Receiving a warm hug may help buffer us against the negative mood alterations associated with interpersonal conflict.
Previously, psychologists have proposed that interpersonal touch may protect people from the consequences of psychological stress, particularly stress from interpersonal conflict.
Studies suggest that hugs not only help us feel better — they may also protect us against diseases. That’s a bit counter-intuitive seeing how a hug might actually result in catching a contagious illness, such as the flu. However, a 2015 study performed by a team of researchers at Carnegie Mellon suggests that physical touch protects us from stress-induced sickness. The more often people hugged, the less likely they were to get sick, even among individuals who frequently had tense interactions. Such results immediately segway to other findings that show social support (having meaningful relationships) protects people from the cold.
In a new study led by Michael Murphy at Carnegie Mellon University, researchers wanted to investigate how hugs mitigate the negative psychological outcomes of interpersonal conflict. The idea was to study the effects of physical touch in a generalized frame, since most studies have largely focused on the role of hugs in romantic relationships.
The researchers interviewed 404 adult men and women for 14 consecutive days about their conflicts, whether or not they were hugged, and the positive and negative moods they experienced.
According to the results, the participants who received a hug during the day of conflict were more likely to report a decrease in negative emotions and an increase in positive emotions. The study’s participants also reported an attenuation of negative mood the next day, suggesting that the psychological benefits of touch may linger for a significant time.

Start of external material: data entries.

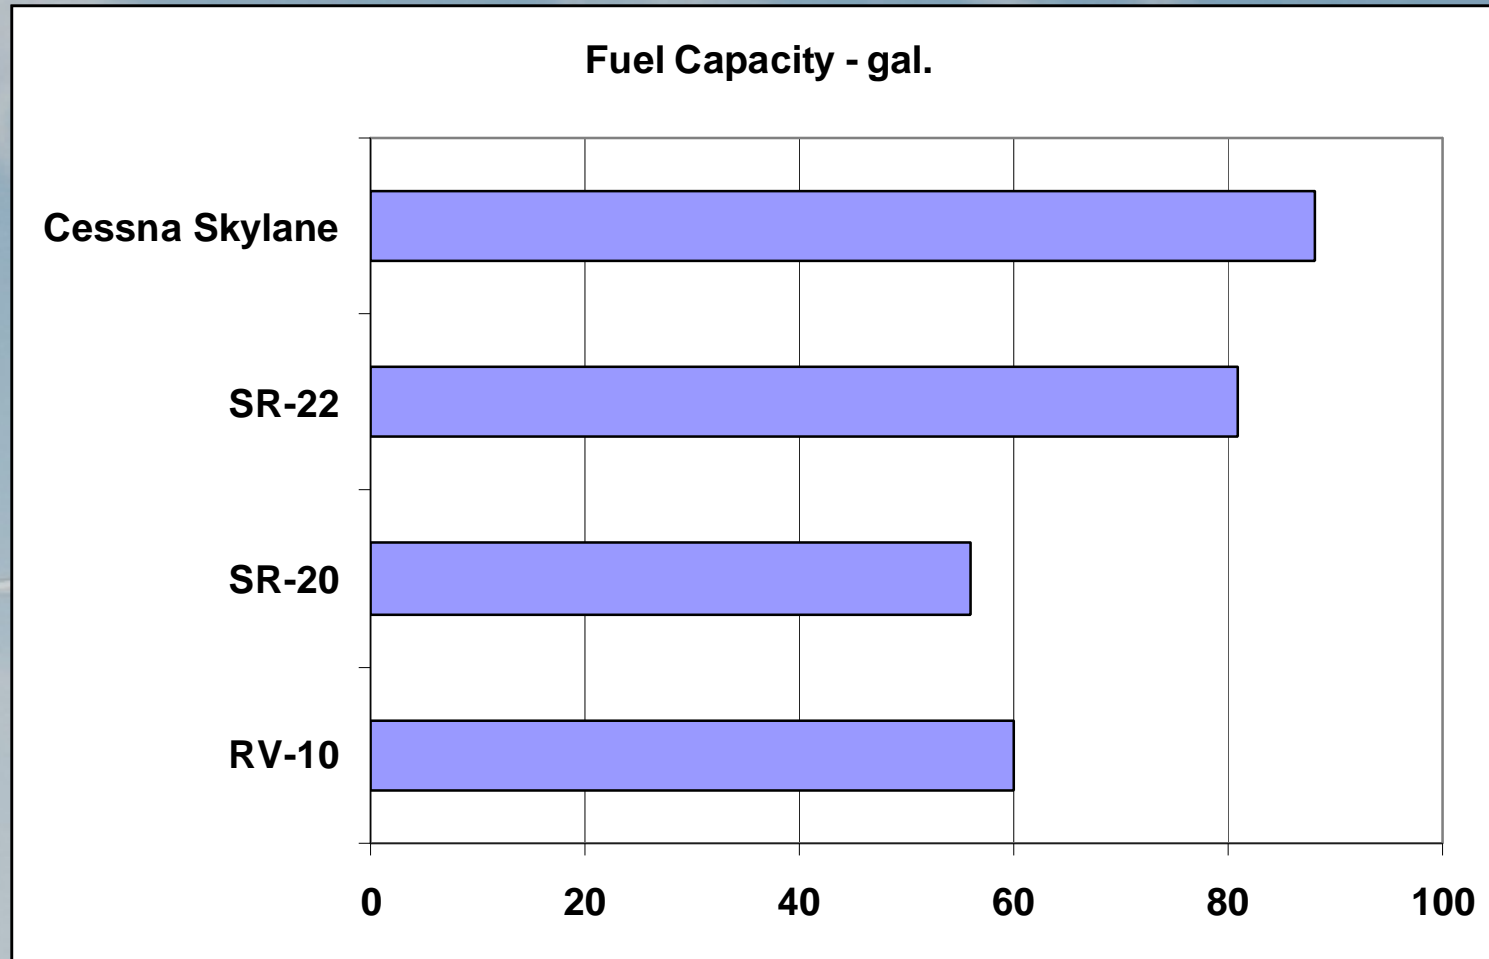

Useful Load – Full Fuel

Wing Loading

Power Loading

Engine Horsepower

Fuel Capacity

Cruise Speed

Cruise [75% @ 8000 ft] - Gross

Takeoff Performance

Landing Performance

Range

Climb Rate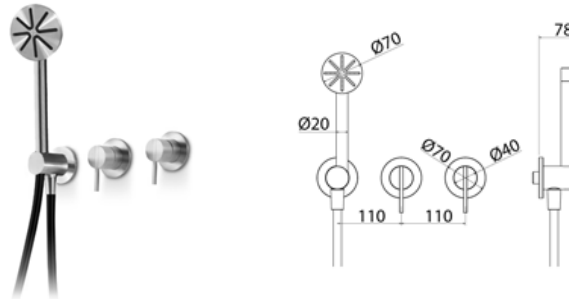

STY327 Bathtub / shower tap set with shower hand

STY327S	Satin	$ 1,752.24
STY327L	Polish	$ 2,015.16
STY327BKS	Satin black	$ 2,803.64
STY327PGS	Satin rose gold	$ 2,803.64
STY327LGS	Light gold satin	$ 2,803.64
STY327GDS	Satin gold	$ 2,803.64
STY327BKL	Black polish	$ 3,066.28
STY327PGL	Polish rose gold	$ 3,066.28
STY327LGL	Light gold polish	$ 3,066.28
STY327GDL	Polish gold	$ 3,066.28
INC305	Obligatory Built-In Part	$ 1,383.48

The results are correlational, so more research is required in order to investigate the link between hugs and improved psychological function, and to uncover a possible mechanism. But, since this is just a single study among many that have reported that hugs improve mood, the findings suggest that embracing friends and family (and even strangers) is a simple yet effective way to get over interpersonal conflict.
“This research is in its early stages. We still have questions about when, how, and for whom hugs are most helpful. However, our study suggests that consensual hugs might be useful for showing support to somebody enduring relationship conflict,” Murphy said.